22 The contrary view would produce some very odd consequences. It would mean that if the relevant period of limitation expired after the date of filing the statement of claim, amendments to the statement of claim would be permitted only in the limited circumstances defined in subrules (2), (3), (4) and (5) of rule 4. If, however, the relevant period of limitation expired before the date of filing of the statement of claim, as in the present case, the Court would have jurisdiction to grant leave to amend without any limitation, the only issue being whether it should do so in the exercise of its discretion. Such an irrational outcome cannot have been intended.
23 Moreover, to treat Part 20 rule 1 as authority to allow a plaintiff to amend a claim that was statute barred before it began would be to operate contrary to the legislative intention underlying the Limitation Act. As Gleeson CJ said in Fernance v Nominal Defendant (1989) 17 NSWLR 710 at 722,
"It is no small matter to construe Rules of Court in a way which permits the Court, by a discretionary decision, to set at nought the provisions of the Limitation Act. Those provisions give effect to important considerations of public policy. Clear words are necessary to confer on a court power to negate their operation."
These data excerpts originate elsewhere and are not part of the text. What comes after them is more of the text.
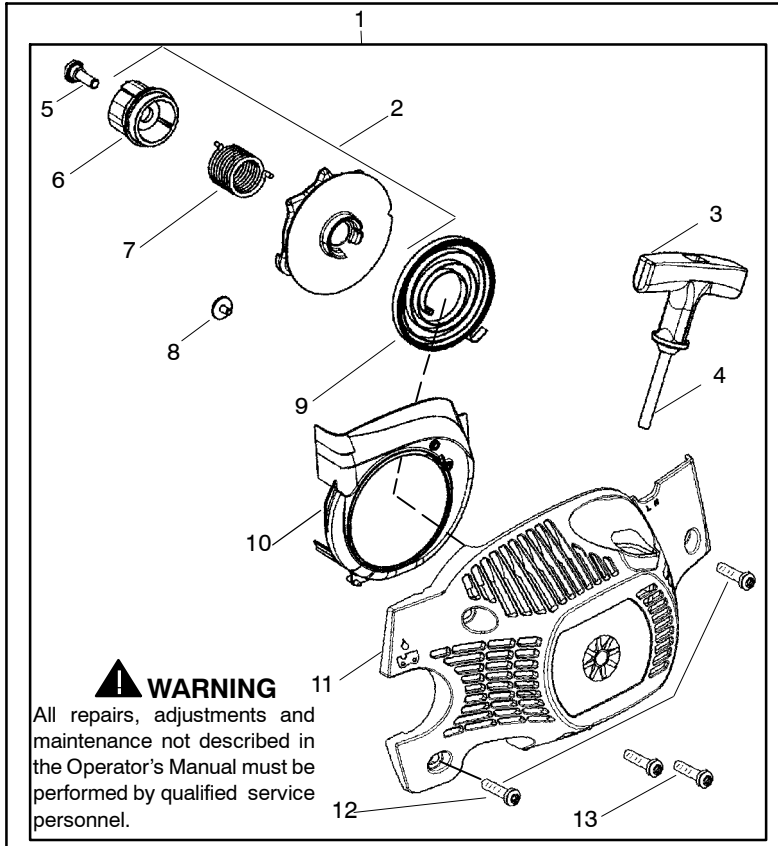

WARNING

All repairs, adjustments and maintenance not described in the Operator's Manual must be performed by qualified service personnel.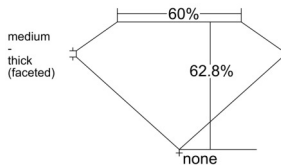

GIA®

FACSIMILE

GIA REPORT 6515888726

Verify this report at GIA.edu

GIA NATURAL DIAMOND DOSSIER®

April 15, 2025
GIA Report Number **6515888726**
Shape and Cutting Style ..... **Pear Brilliant**
Measurements ..... **5.65 x 3.77 x 2.37 mm**

GRADING RESULTS

Carat Weight ..... **0.30 carat**
Color Grade ..... **F**
Clarity Grade **VVS1**

ADDITIONAL GRADING INFORMATION

Polish ..... **Excellent**
Symmetry ..... **Very Good**
Fluorescence ..... **None**
Clarity Characteristics..... **Cloud, Cavity, Surface Graining**
Inscription(s): **GIA 6515888726**

PROPORTIONS

Profile not to actual proportions

GRADING SCALES

GIA COLOR SCALE		GIA CLARITY SCALE			
COLORLESS	D	VERY VERY SLIGHTLY INCLUDED	FLAWLESS		
	E		INTERNALLY FLAWLESS		
	F	VERY SLIGHTLY INCLUDED	VVS₁		
	G		VVS₂		
	H		VS₁		
	NEAR COLORLESS	I	SLIGHTLY INCLUDED	VS₂	
		J		SI₁	
		FAINT	K	INCLUDED	SI₂
			L		I₁
			M		I₂
VERT LIGHT	N	LIGHT	I₃		
	O				
	P				
	Q				
	R

24 My conclusion is that the Court does not have jurisdiction under the Supreme Court Rules to grant leave to the plaintiff to amend in this case.
25 If there were jurisdiction to do so, I would nevertheless decline the application in the exercise of my discretion. It appears to me that the amendment with respect to the time period is, of its nature, an amendment calculated to restrict the period, during which, it is said, the directors of Clutha breached their duty of care, to the maximum period permissible under the Limitation Act, having regard to my judgment of 6 May 2002. Even if it be so that the plaintiff now regards the company as having been solvent until 1 December 1994, it must be more than a coincidence that that date, just within the limitation period measured from the date of commencement, is selected.
26 Moreover, after the 2000 proceeding is dismissed, the 2001 proceeding will remain. That has two consequences. One is that it will be open to the plaintiff to chance his arm by seeking an amendment to plead negligence in that proceeding, and if the application is successful, then all relevant causes of action arising out of the same facts will be contested in the same proceeding. Secondly, given the existence of the 2001 proceeding, it is prejudicial and potentially oppressive on the defendants that a separate concurrent proceeding should be maintained, limited to the allegation of negligence.
27 My conclusion is that the plaintiff's application to amend the statement of claim must be denied, as against the first to seventh defendants. Given that the plaintiff's claim in the 2000 proceeding is statute-barred and cannot be saved by the proposed amendment, the proper course is for me to dismiss the 2000 proceeding as against the first to seventh defendants. I shall hear submissions on behalf of the tenth and eleventh defendants with respect to whether the proceeding should be continued against them or against the eighth and ninth defendants. I shall also hear the submissions of the parties with respect to costs.